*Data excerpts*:

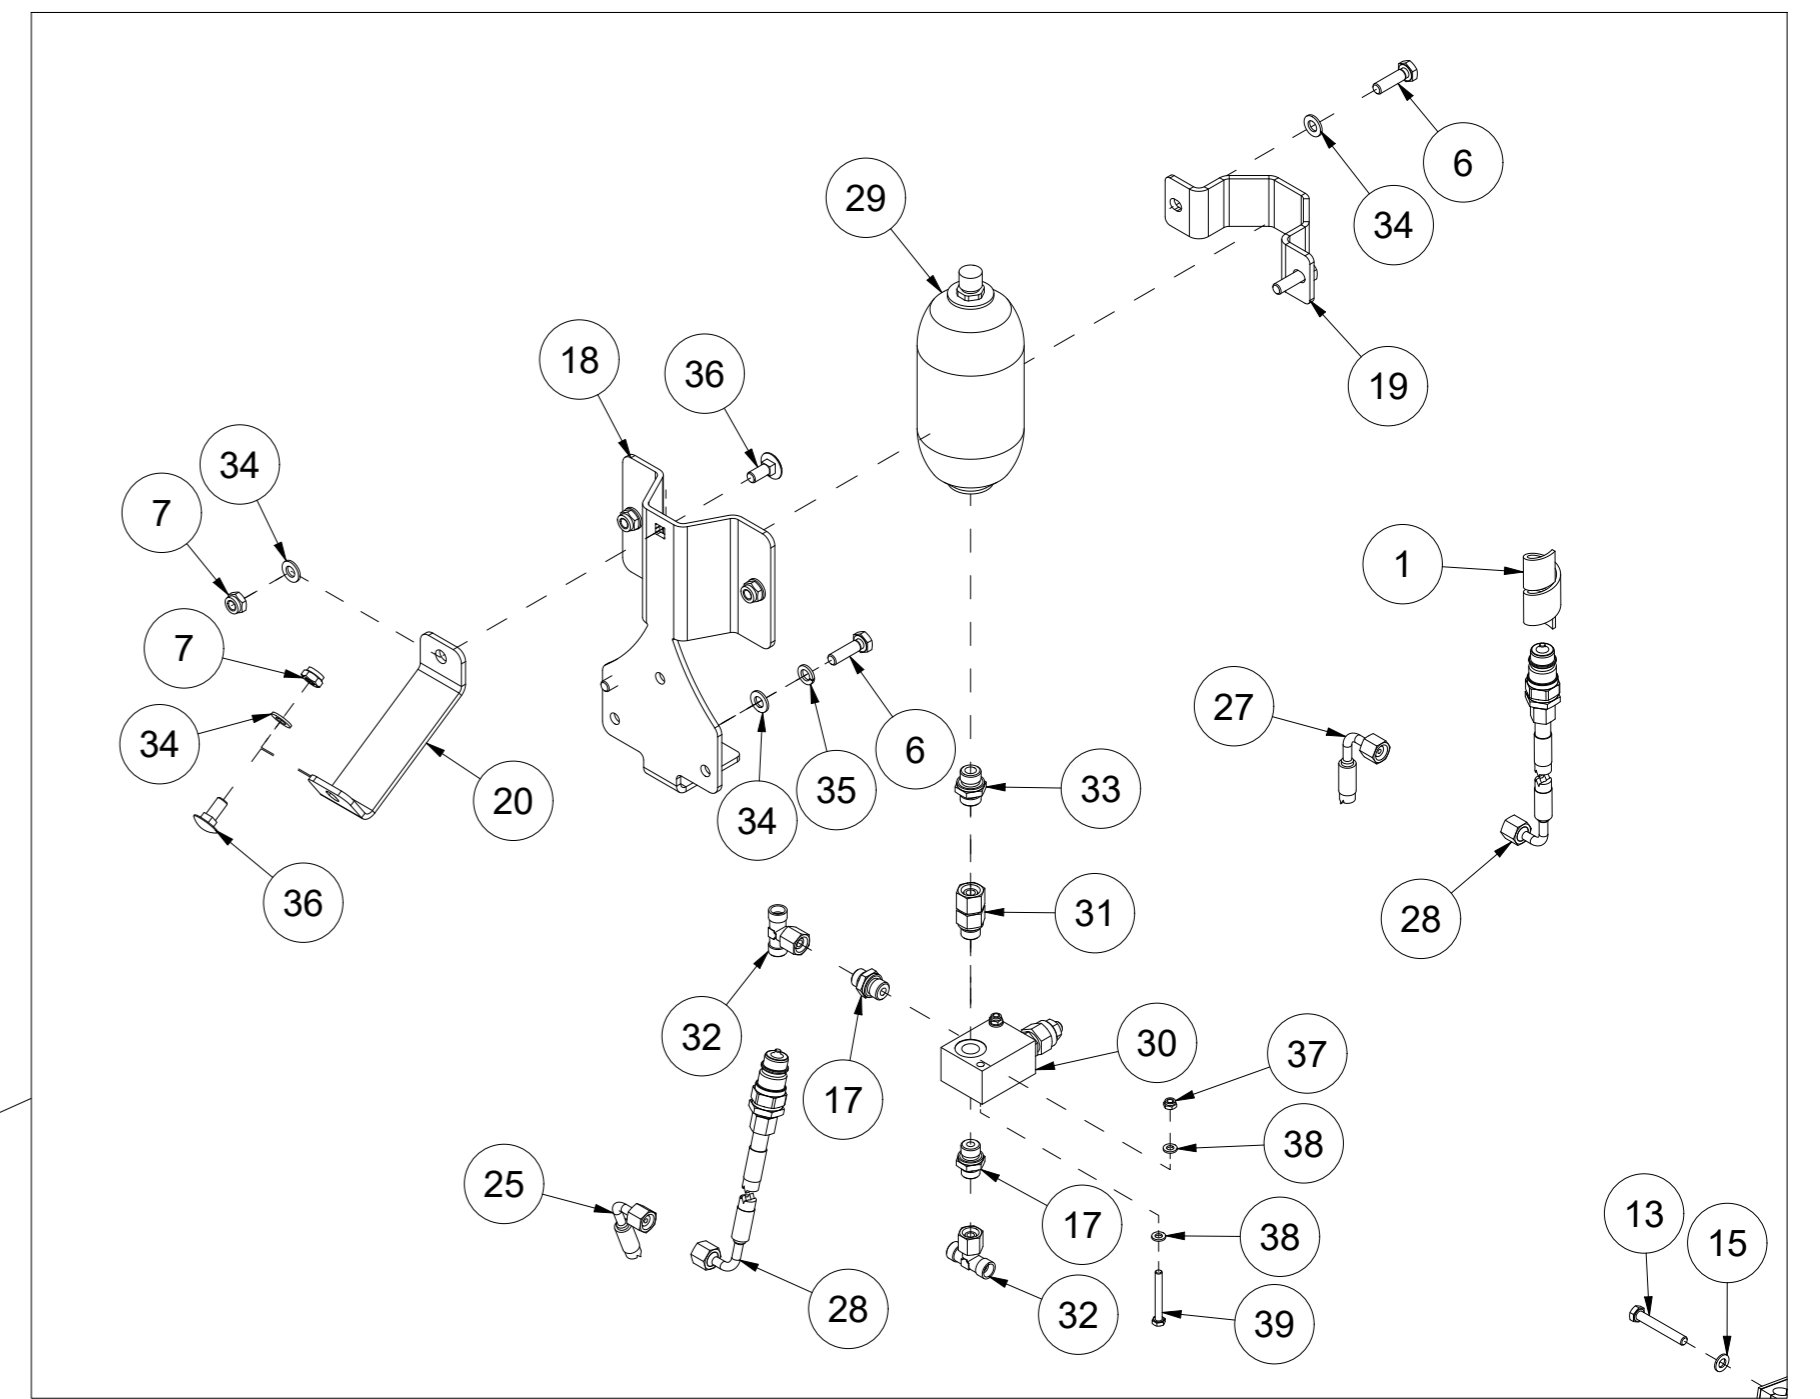

017 Hydraulisk kantskjær TFP240

Pos	Ant	Artikkelnr	Beskrivelse
1	1	25311154	Slangebeskyttelse L1700
2	5	2483613	Lockingmutter M16 EIZn DIN 985
3	8	2531078	Underlagsskive M16 EIZn DIN 125
4	1	25311092	Hydraulisk kantkjær
5	2	25201042	Bolt Ø19,8x45
6	5	2422301	Sekskantskrue M10x35 EIZn 8.8 DIN 933
7	6	2483610	Lockingmutter M10 EIZn DIN 985
8	1	25321103	Sylinderfeste hyd kanskjær
9	4	2483611	Lockingmutter M12 EIZn DIN 985
10	8	2531069	Underlagsskive M12 EIZn DIN 125
11	4	2422350	Sekskantskrue M12x35 EIZn 8.8 DIN 933
12	1	4251206	Slangeholder
13	1	2422258	Sekskantskrue M8x55 EIZn 8.8 DIN 931
14	1	2483609	Lockingmutter M8 EIZn DIN 985
15	2	2531047	Underlagsskive M8 EIZn DIN 125
16	1	2955001	Sylinder Ø50/30 SL230
17	4	2957759	Ansatsnippel GEK BSP 3/8" L10 ED
18	1	25311073	Akkumulatorbrakett
19	1	25311072	Klammer
20	1	25311087	Feste
21	2	2344498	Låseskrue M16x70 EIZn 8.8 DIN 603
22	1	25311045	Kant skraper
23	1	25311046	Plate
24	3	2422497	Sekskantskrue M16x65 EIZn 8.8 DIN 931
25	1	2958154	Hydraulikkslange 1/4" L800
26	1	2477303	Unbrako sylinderskrue M10x40 EIZn DIN 912
27	1	2958153	Hydraulikkslange 1/4" L920"
28	2	2958150	Hydraulikkslange 1/4" L3000
29	1	2955308	Akkumulator 0,7l
30	1	2955323	Sikkerhetsventil
31	1	2957748	Svivelnippel EVGE 12L BSP 3/8" ED
32	2	2957720	T-ansatsnippel EVTK 10L
33	1	2957735	Ansatsnippel GEK M18x1,5 L12 ED
34	8	2531060	Underlagsskive M10 EIZn DIN 125
35	2	2534060	Fjærskive M10 EIZn DIN 127
36	2	2441297	Låseskrue M10x25 EIZn 4.6 DIN 603
37	2	2483608	Lockingmutter M6 EIZn DIN 985
38	4	2531039	Underlagsskive M6 EIZn DIN 125
39	2	2422217	Sekskantskrue M6x50 EIZn 8.8 DIN 931
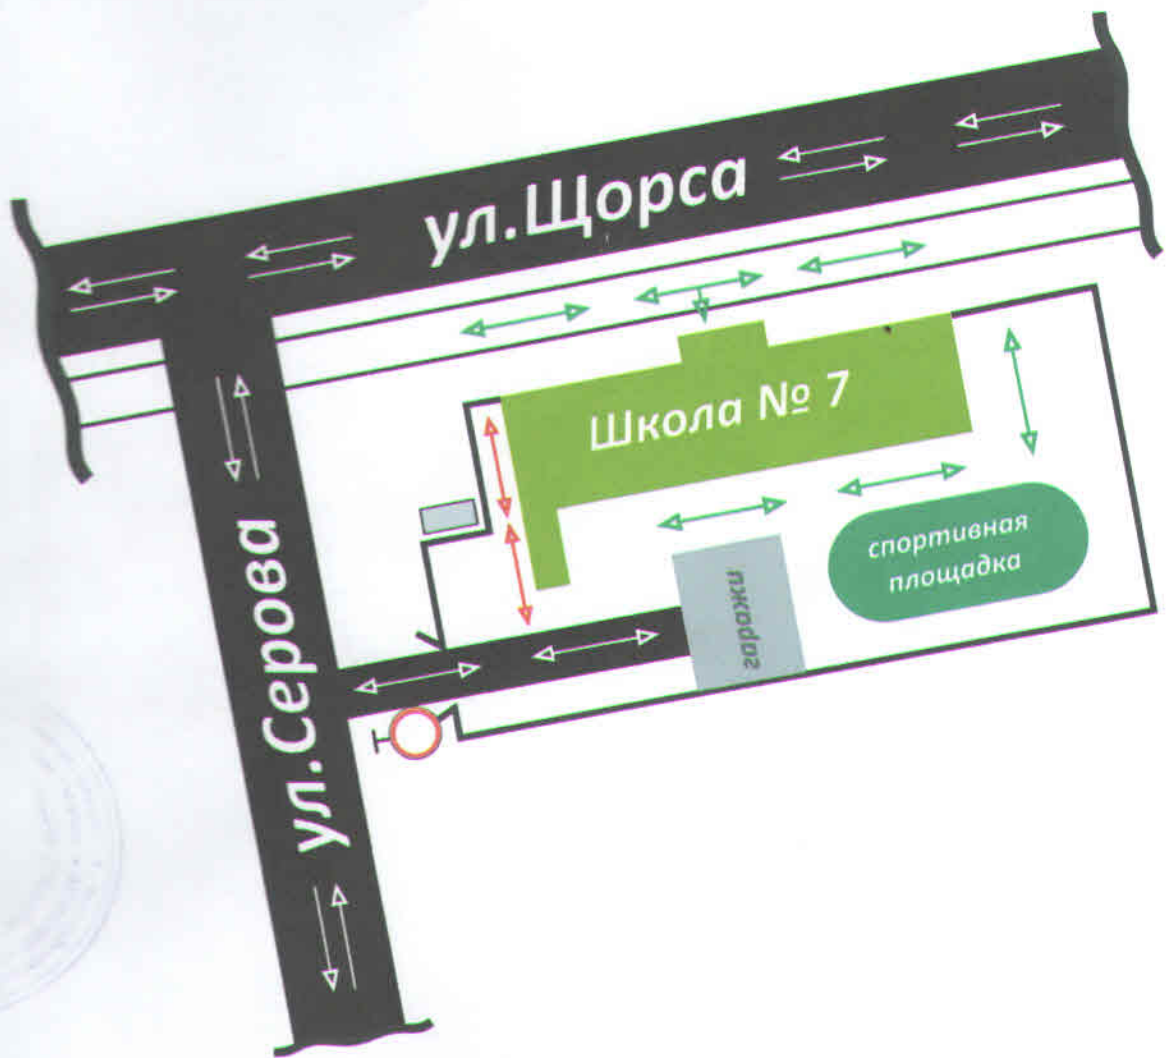

Масштаб 1:3388

Схема 4.

Рекомендованные безопасные пути движения организованных групп учащихся к Детской библиотеке №3 (ул.Отто Шмидта, 78).

Условные обозначения

-  - Тротуар
-  - Движение обучающихся в образовательном учреждении
-  - Проезжая часть
-  - Движение транспортных средств
-  - Жилая застройка
-  - ГКОУ СО «Екатеринбургская школа №7»
-  - Искусственная неровность

Масштаб 1:3388

Схема 5.

Рекомендованные безопасные пути движения организованных групп учащихся к Южному автовокзалу.

Условные обозначения

-  - Тротуар
-  - Движение обучающихся в образовательном учреждении
-  - Проезжая часть
-  - Движение транспортных средств
-  - Жилая застройка
-  - ГКОУ СО «Екатеринбургская школа №7»
-  - Искусственная неровность

Масштаб 1:3388

Схема 6.

Пути движения транспортных средств к местам погрузки/разгрузки и рекомендованные безопасные пути движения обучающихся по территории ГКОУ СО «Екатеринбургская школа №7».

Условные обозначения
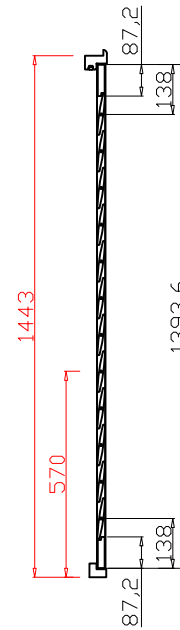

Louvre Size(叶片尺寸): 810mm

Rail Size(上下板尺寸): 862mm

Order No(订单号): DG501-ABC 51227 FORMAN

Item(序号): 2

Room(房间号): SUNROOM

Louvre Size(叶片类型): 114mm

L

7

Louvre Quantity(叶片数量): 12

Louvre Size(叶片尺寸): 524mm

Rail Size(上下板尺寸): 576mm

Order No(订单号): DG501-ABC 51227 FORMAN

Item(序号): 5

Room(房间号): SUNROOM

Louvre Size(叶片类型): 114mm

7

Qty(数量): 1

Material(材质): Paulownia Range(泡桐)

Configuration(窗扇结构): R,IN, 3Side, Butt Stile 41.3mm, Deep BullNose Z Frame 38mm

Tilt rod type(拉杆类型): Easy Tilt(齿条拉杆)

Louvre Quantity(叶片数量): 12

Louvre Size(叶片尺寸): 530mm

Rail Size(上下板尺寸): 582mm

Order No(订单号): DG501-ABC 51227 FORMAN

Item(序号): 6

Room(房间号): SUNROOM

Louvre Size(叶片类型): 114mm

7  
5

Deep Bullnose Z Frame 38mm

Z Sill Plate
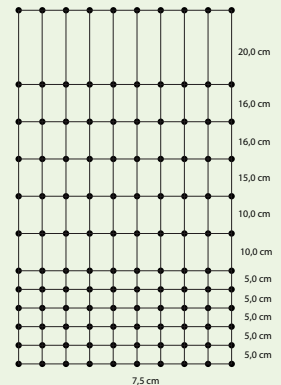

art.nr.	hoogte	lengte	kleur net	net
FG10398	112cm	50m	●	1

EURONETZ® 'Geflügel' 112/2

- snel plaatsbaar afrasteringsnet voor pluimvee
- niet elektrificeerbaar
- 12 horizontale draden, waarvan 11 geleidend
- inclusief 15 paaltjes met dubbele pen
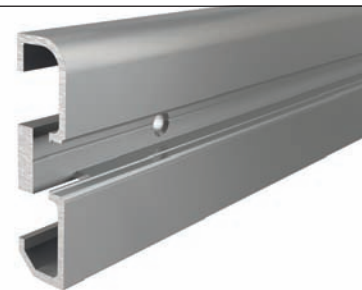

(Endkappe links | rechts)

➤ grau

➤ schwarz
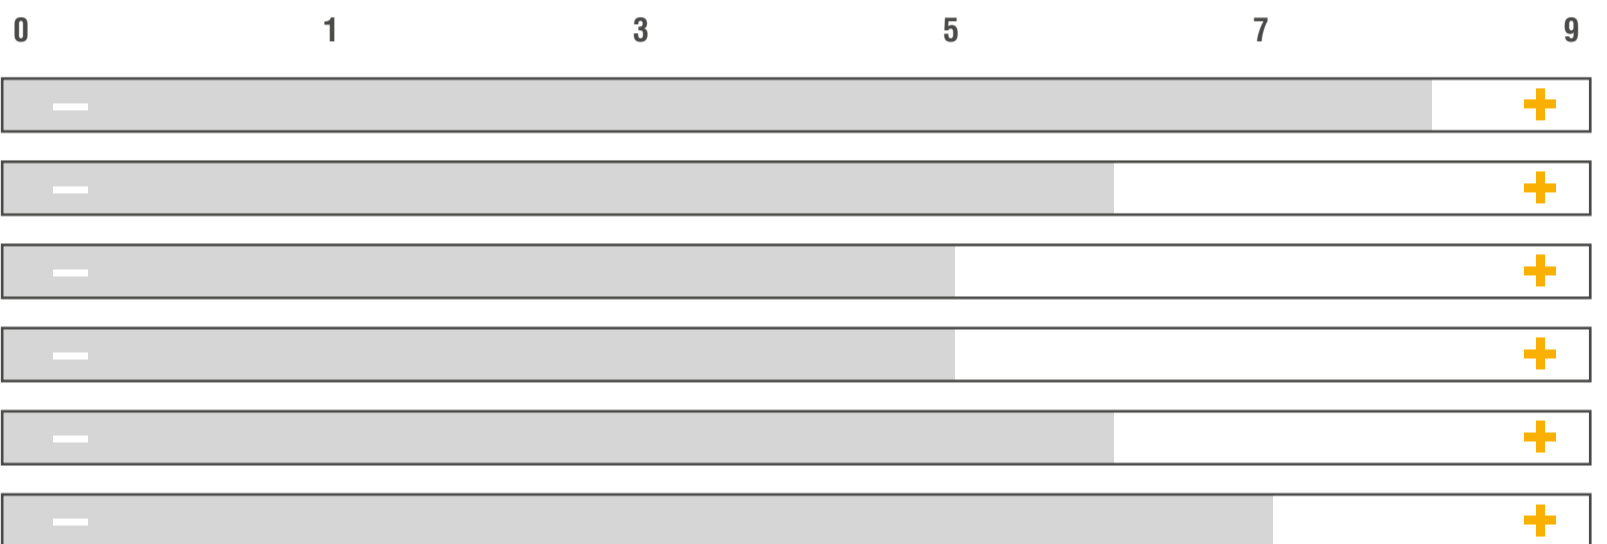

PROFI

INTEGRAL

SORTENPASS | WINTERGERSTE | MEHRZEILIG
ZÜCHTER | VERTRIEB | SEC

TYP | KOMPENSATIONSTYP
ZULASSUNG | 2023

NUTZUNGSEIGNUNG

BESONDERE STANDORTEIGNUNG

AUSSAATZEITRAUM

MITTLERE AUSSAATSTÄRKE | 280–320 KÖRNER/M²

ANBAUINDEX

EINSTUFUNG IN ANLEHNUNG AN DIE BESCHREIBENDE SORTENLISTE

BESONDERHEITEN

BYDV und GMV Typ 1 resistent
Halmstabilität absichern

VERFÜGBARE REGIONEN

März 2023 | Stand

Enthält eigene Einstufungen des Züchters

*Exercise details*: Out of the records above, please copy exactly the lines from the line with "(ул.Отто Шмидта, 78)." up to and including the line with "EURONETZ® 'Geflügel' 112/2", minus the pictures.

*Task result*:
Рекомендованные безопасные пути движения организованных групп учащихся к Детской библиотеке №3 (ул.Отто Шмидта, 78).

Условные обозначения

-  - Тротуар
-  - Движение обучающихся в образовательном учреждении
-  - Проезжая часть
-  - Движение транспортных средств
-  - Жилая застройка
-  - ГКОУ СО «Екатеринбургская школа №7»
-  - Искусственная неровность

Масштаб 1:3388

Схема 5.

Рекомендованные безопасные пути движения организованных групп учащихся к Южному автовокзалу.

Условные обозначения

-  - Тротуар
-  - Движение обучающихся в образовательном учреждении
-  - Проезжая часть
-  - Движение транспортных средств
-  - Жилая застройка
-  - ГКОУ СО «Екатеринбургская школа №7»
-  - Искусственная неровность

Масштаб 1:3388

Схема 6.

Пути движения транспортных средств к местам погрузки/разгрузки и рекомендованные безопасные пути движения обучающихся по территории ГКОУ СО «Екатеринбургская школа №7».

Условные обозначения

Louvre Size(叶片尺寸): 810mm

Rail Size(上下板尺寸): 862mm

Order No(订单号): DG501-ABC 51227 FORMAN

Item(序号): 2

Room(房间号): SUNROOM

Louvre Size(叶片类型): 114mm

L

7

Louvre Quantity(叶片数量): 12

Louvre Size(叶片尺寸): 524mm

Rail Size(上下板尺寸): 576mm

Order No(订单号): DG501-ABC 51227 FORMAN

Item(序号): 5

Room(房间号): SUNROOM

Louvre Size(叶片类型): 114mm

7

Qty(数量): 1

Material(材质): Paulownia Range(泡桐)

Configuration(窗扇结构): R,IN, 3Side, Butt Stile 41.3mm, Deep BullNose Z Frame 38mm

Tilt rod type(拉杆类型): Easy Tilt(齿条拉杆)

Louvre Quantity(叶片数量): 12

Louvre Size(叶片尺寸): 530mm

Rail Size(上下板尺寸): 582mm

Order No(订单号): DG501-ABC 51227 FORMAN

Item(序号): 6

Room(房间号): SUNROOM

Louvre Size(叶片类型): 114mm

7  
5

Deep Bullnose Z Frame 38mm

Z Sill Plate

art.nr.	hoogte	lengte	kleur net	net
FG10398	112cm	50m	●	1

EURONETZ® 'Geflügel' 112/2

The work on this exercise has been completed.